Task item — Return the entries exactly. Images are not part of the copy.
[Opening Provided data section]
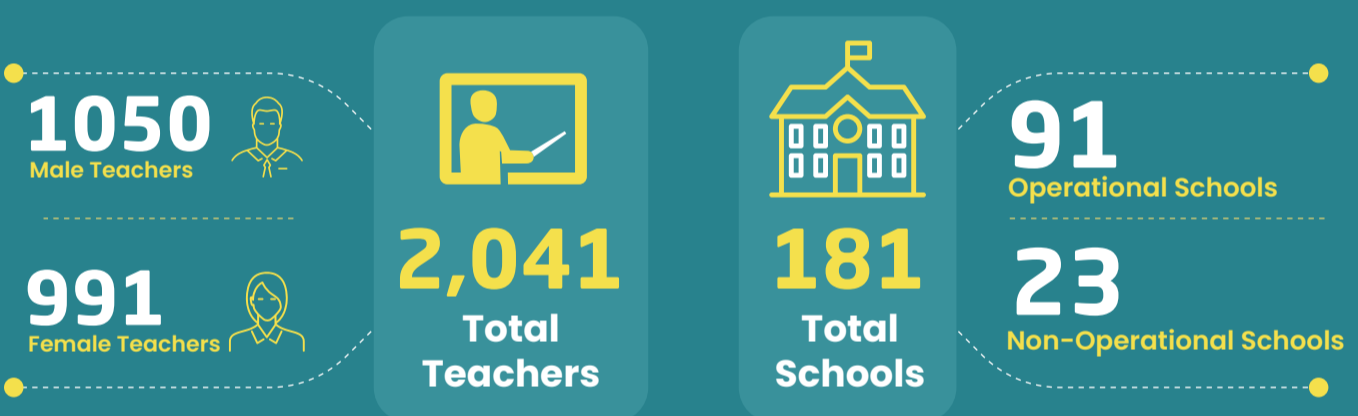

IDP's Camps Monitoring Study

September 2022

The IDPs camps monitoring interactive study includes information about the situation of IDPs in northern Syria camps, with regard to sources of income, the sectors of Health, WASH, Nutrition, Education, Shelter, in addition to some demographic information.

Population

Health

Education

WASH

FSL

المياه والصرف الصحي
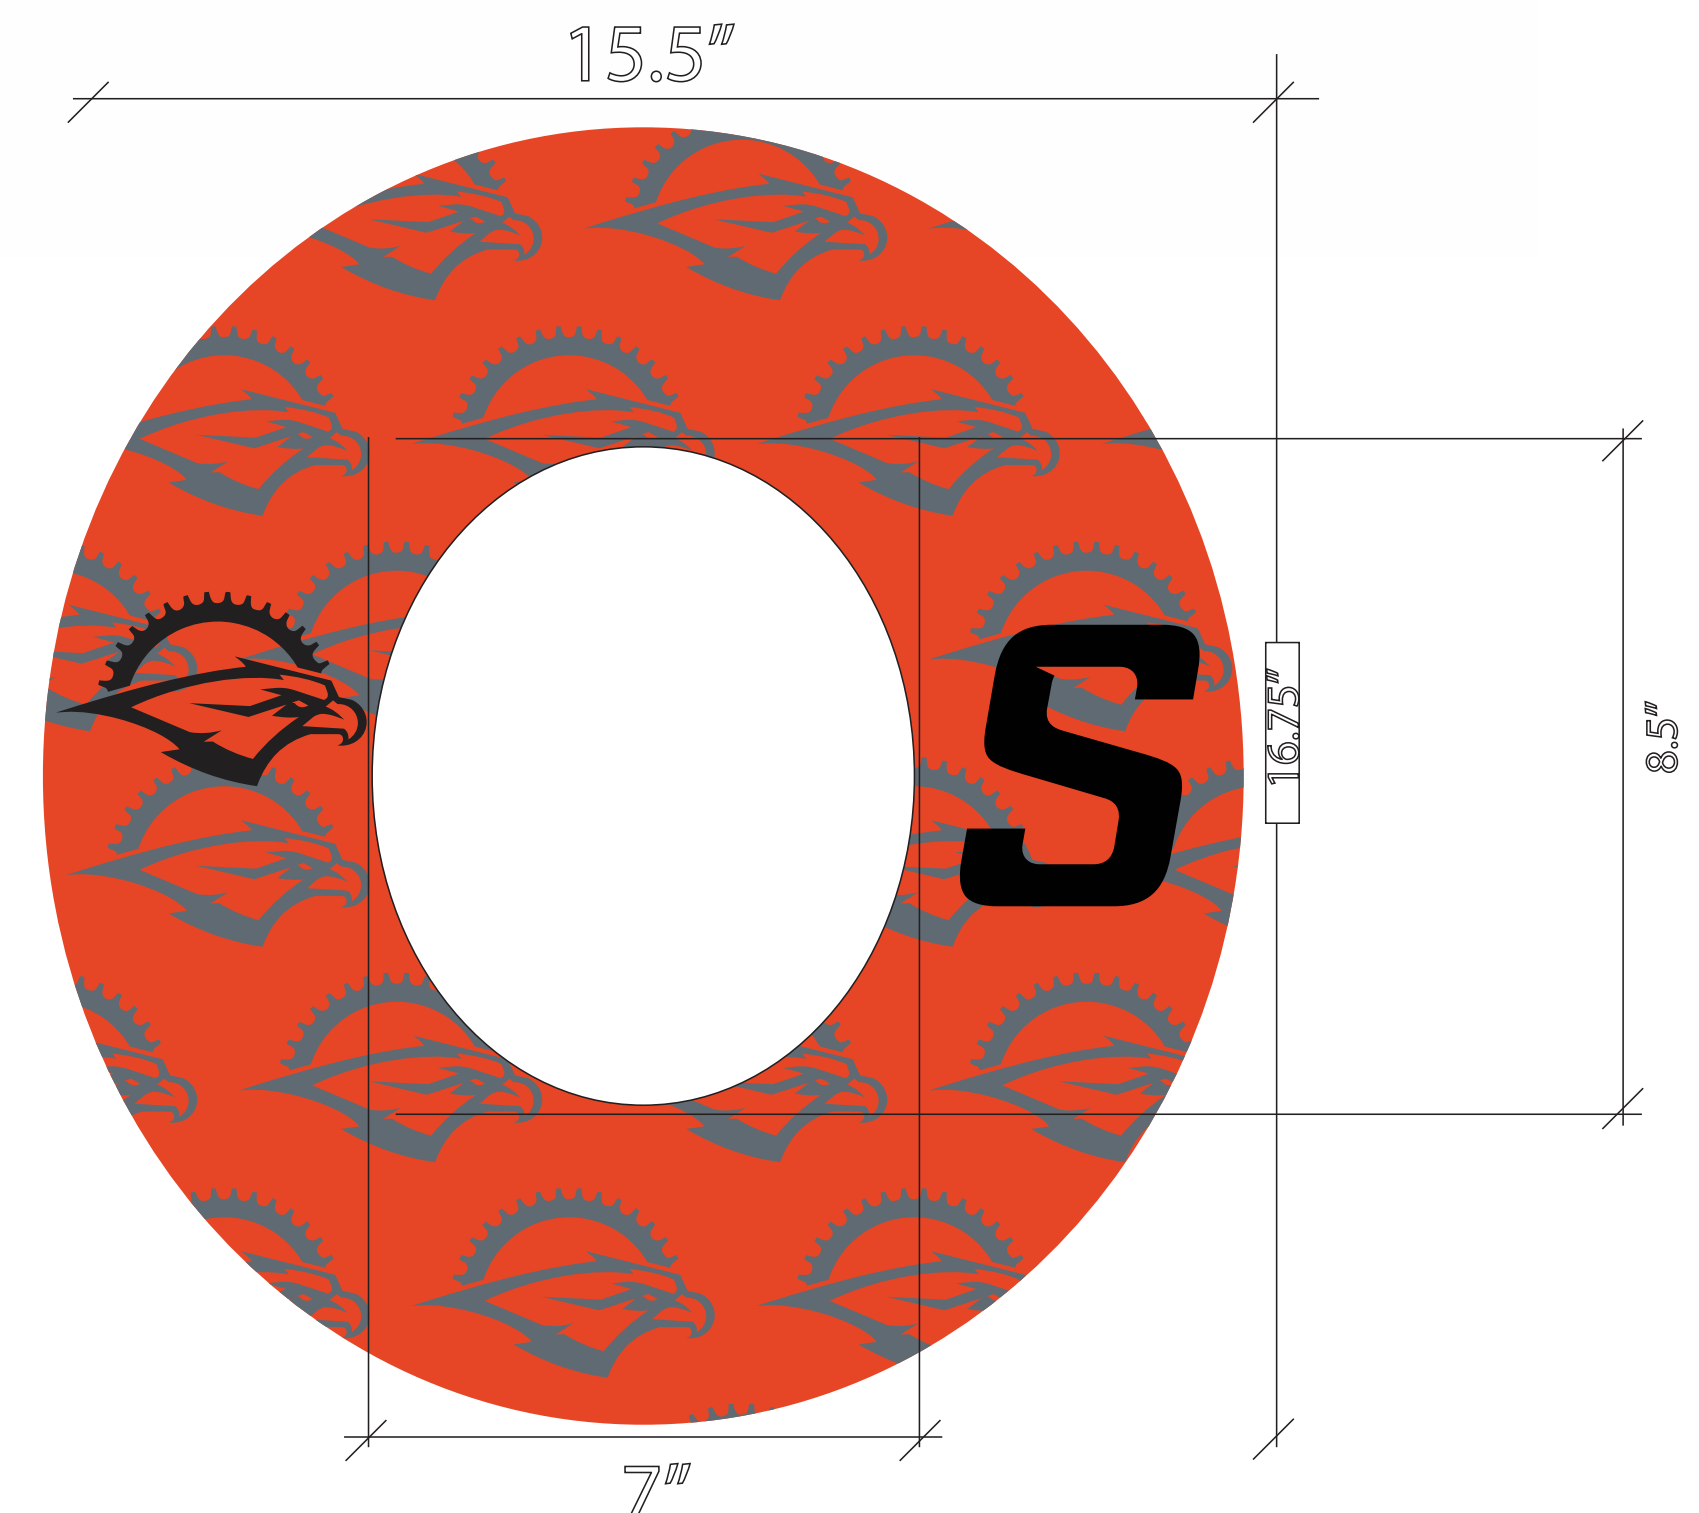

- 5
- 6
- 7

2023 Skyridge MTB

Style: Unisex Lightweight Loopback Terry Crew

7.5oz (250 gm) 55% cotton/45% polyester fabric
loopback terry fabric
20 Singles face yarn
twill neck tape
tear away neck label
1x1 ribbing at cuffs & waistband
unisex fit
[Closing Provided data section]
Answer to this task —
IDP's Camps Monitoring Study

September 2022

The IDPs camps monitoring interactive study includes information about the situation of IDPs in northern Syria camps, with regard to sources of income, the sectors of Health, WASH, Nutrition, Education, Shelter, in addition to some demographic information.

Population

Health

Education

WASH

FSL

المياه والصرف الصحي

- 5
- 6
- 7

2023 Skyridge MTB

Style: Unisex Lightweight Loopback Terry Crew

7.5oz (250 gm) 55% cotton/45% polyester fabric
loopback terry fabric
20 Singles face yarn
twill neck tape
tear away neck label
1x1 ribbing at cuffs & waistband
unisex fit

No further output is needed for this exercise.